Prompt:
With the pictures left out, repeat every entry that follows exactly.

Entries provided:

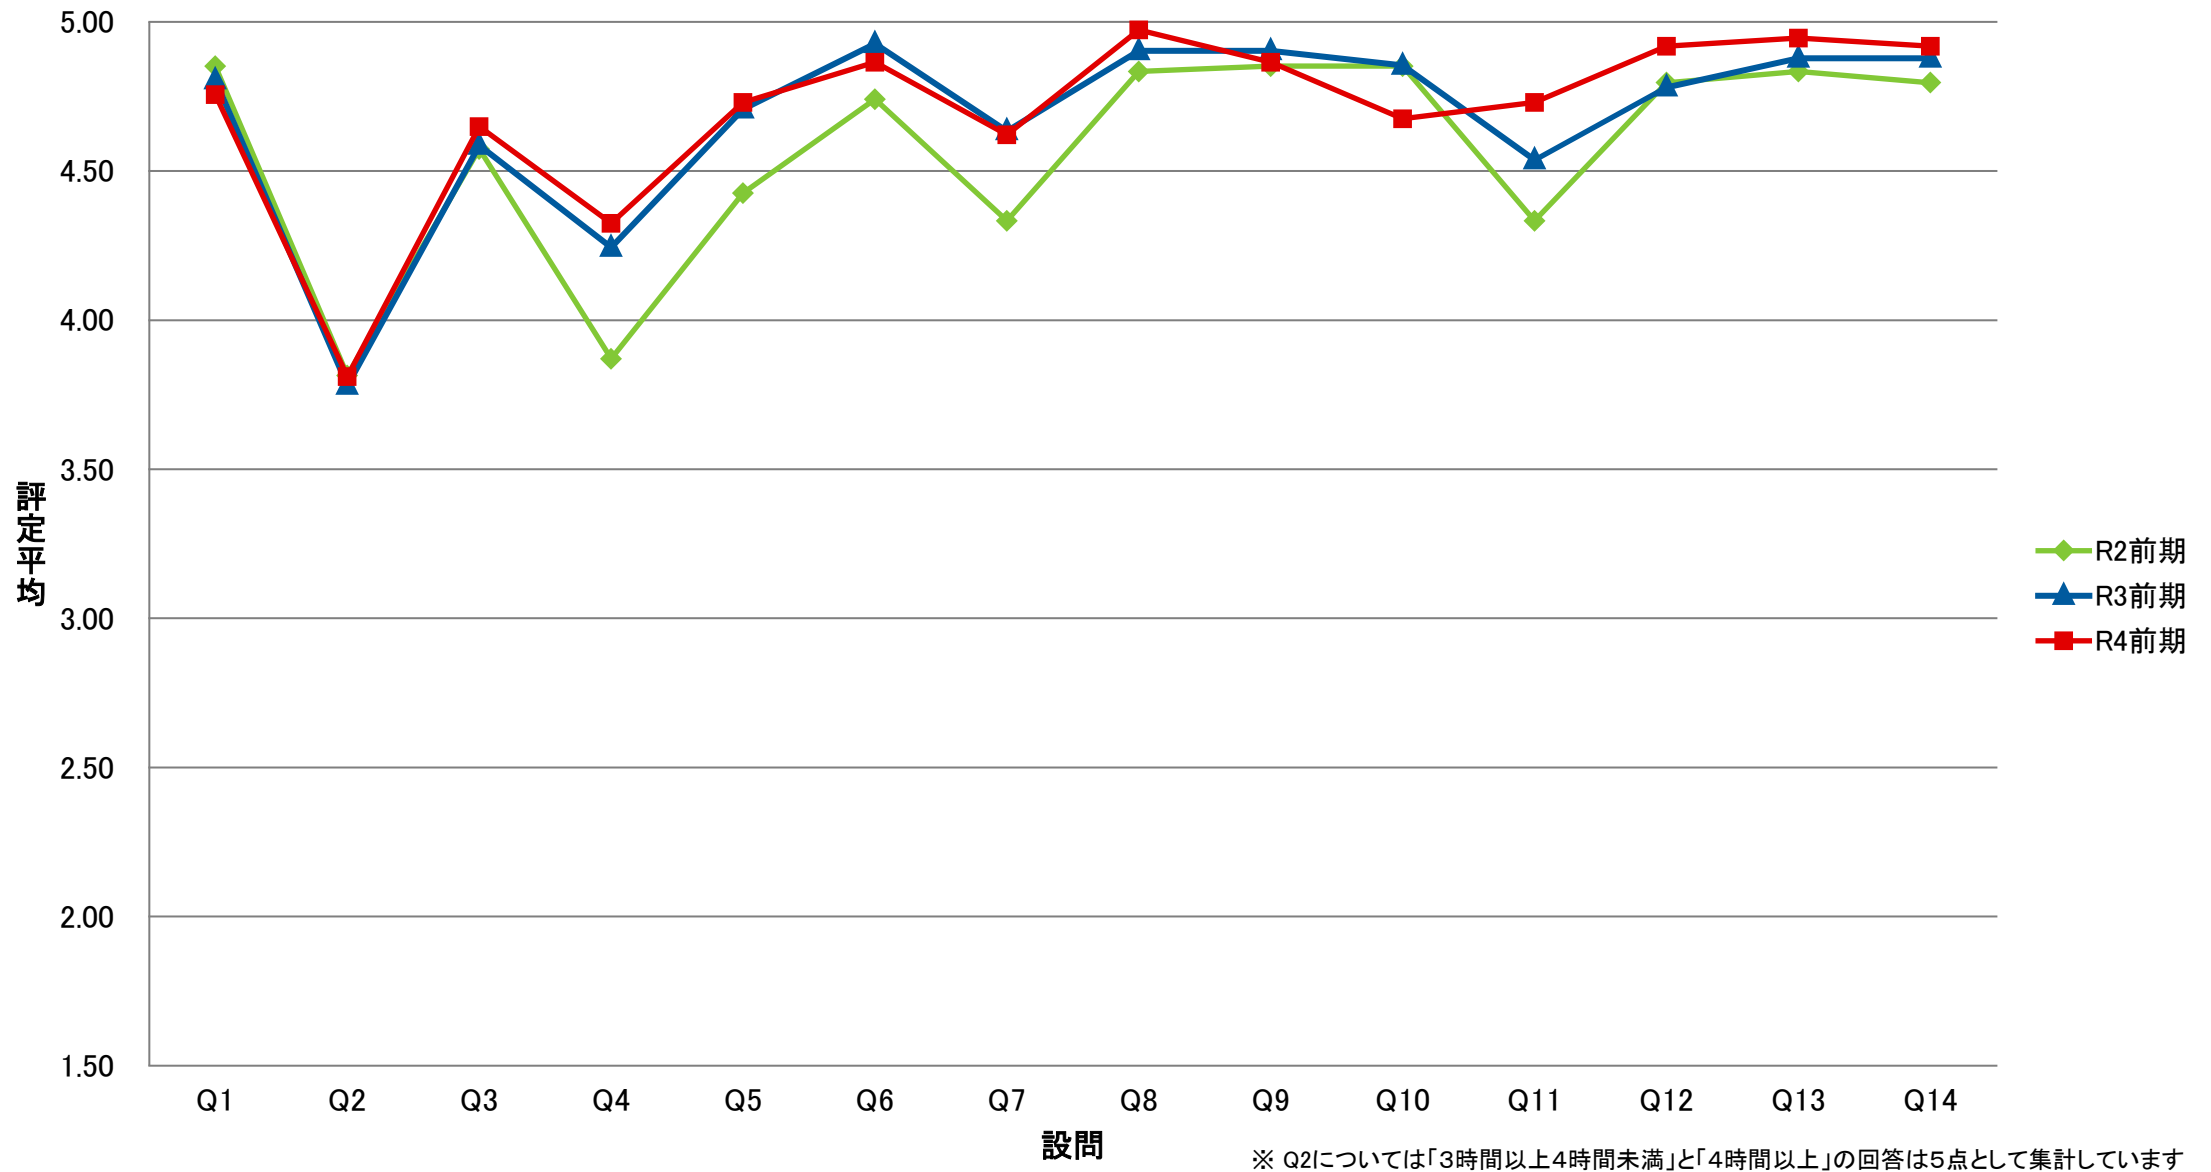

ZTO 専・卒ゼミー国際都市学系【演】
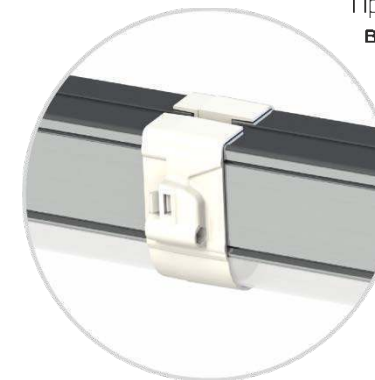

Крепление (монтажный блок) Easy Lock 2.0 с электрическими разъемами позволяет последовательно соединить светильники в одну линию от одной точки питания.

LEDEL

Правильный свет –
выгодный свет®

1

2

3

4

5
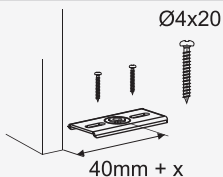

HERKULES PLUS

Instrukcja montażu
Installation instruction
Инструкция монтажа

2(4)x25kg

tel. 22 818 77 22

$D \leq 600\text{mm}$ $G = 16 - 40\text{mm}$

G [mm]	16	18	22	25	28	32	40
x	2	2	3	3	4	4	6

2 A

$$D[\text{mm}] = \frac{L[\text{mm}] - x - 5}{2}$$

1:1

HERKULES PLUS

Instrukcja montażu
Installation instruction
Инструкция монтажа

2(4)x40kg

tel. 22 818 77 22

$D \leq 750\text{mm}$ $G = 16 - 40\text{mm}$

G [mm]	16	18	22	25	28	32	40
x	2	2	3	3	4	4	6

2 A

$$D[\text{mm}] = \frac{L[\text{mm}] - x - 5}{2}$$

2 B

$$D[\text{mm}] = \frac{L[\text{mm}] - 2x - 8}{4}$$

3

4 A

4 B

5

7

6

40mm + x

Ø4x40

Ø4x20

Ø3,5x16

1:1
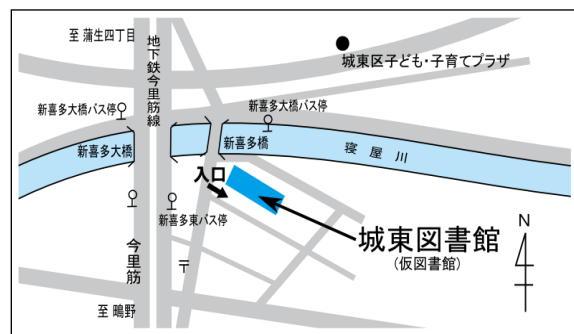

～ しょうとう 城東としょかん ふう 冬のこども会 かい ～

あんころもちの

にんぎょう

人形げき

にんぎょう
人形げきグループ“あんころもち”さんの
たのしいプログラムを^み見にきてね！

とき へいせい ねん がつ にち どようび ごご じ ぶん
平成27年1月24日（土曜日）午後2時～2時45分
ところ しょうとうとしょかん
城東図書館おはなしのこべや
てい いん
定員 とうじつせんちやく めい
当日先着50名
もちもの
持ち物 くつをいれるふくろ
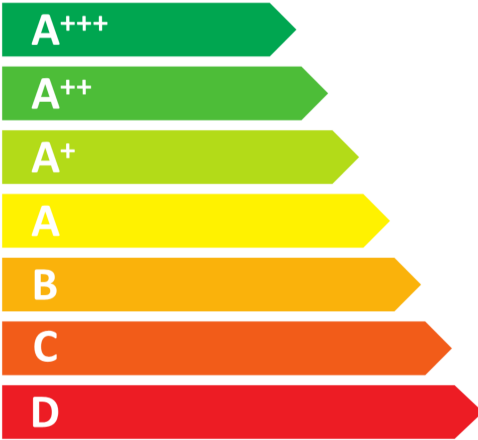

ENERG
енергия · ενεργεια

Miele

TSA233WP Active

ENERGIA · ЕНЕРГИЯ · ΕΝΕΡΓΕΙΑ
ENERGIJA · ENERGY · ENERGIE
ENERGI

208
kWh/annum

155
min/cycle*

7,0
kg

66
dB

Exercise answer:
ZTO 専・卒ゼミー国際都市学系【演】

Крепление (монтажный блок) Easy Lock 2.0 с электрическими разъемами позволяет последовательно соединить светильники в одну линию от одной точки питания.

LEDEL

Правильный свет –
выгодный свет®

1

2

3

4

5

HERKULES PLUS

Instrukcja montażu
Installation instruction
Инструкция монтажа

2(4)x25kg

tel. 22 818 77 22

$D \leq 600\text{mm}$ $G = 16 - 40\text{mm}$

G [mm]	16	18	22	25	28	32	40
x	2	2	3	3	4	4	6

2 A

$$D[\text{mm}] = \frac{L[\text{mm}] - x - 5}{2}$$

1:1

HERKULES PLUS

Instrukcja montażu
Installation instruction
Инструкция монтажа

2(4)x40kg

tel. 22 818 77 22

$D \leq 750\text{mm}$ $G = 16 - 40\text{mm}$

G [mm]	16	18	22	25	28	32	40
x	2	2	3	3	4	4	6

2 A

$$D[\text{mm}] = \frac{L[\text{mm}] - x - 5}{2}$$

2 B

$$D[\text{mm}] = \frac{L[\text{mm}] - 2x - 8}{4}$$

3

4 A

4 B

5

7

6

40mm + x

Ø4x40

Ø4x20

Ø3,5x16

1:1

～ しょうとう 城東としょかん ふう 冬のこども会 かい ～

あんころもちの

にんぎょう

人形げき

にんぎょう
人形げきグループ“あんころもち”さんの
たのしいプログラムを^み見にきてね！

とき へいせい ねん がつ にち どようび ごご じ ぶん
平成27年1月24日（土曜日）午後2時～2時45分
ところ しょうとうとしょかん
城東図書館おはなしのこべや
てい いん
定員 とうじつせんちやく めい
当日先着50名
もちもの
持ち物 くつをいれるふくろ

ENERG
енергия · ενεργεια

Miele

TSA233WP Active

ENERGIA · ЕНЕРГИЯ · ΕΝΕΡΓΕΙΑ
ENERGIJA · ENERGY · ENERGIE
ENERGI

208
kWh/annum

155
min/cycle*

7,0
kg

66
dB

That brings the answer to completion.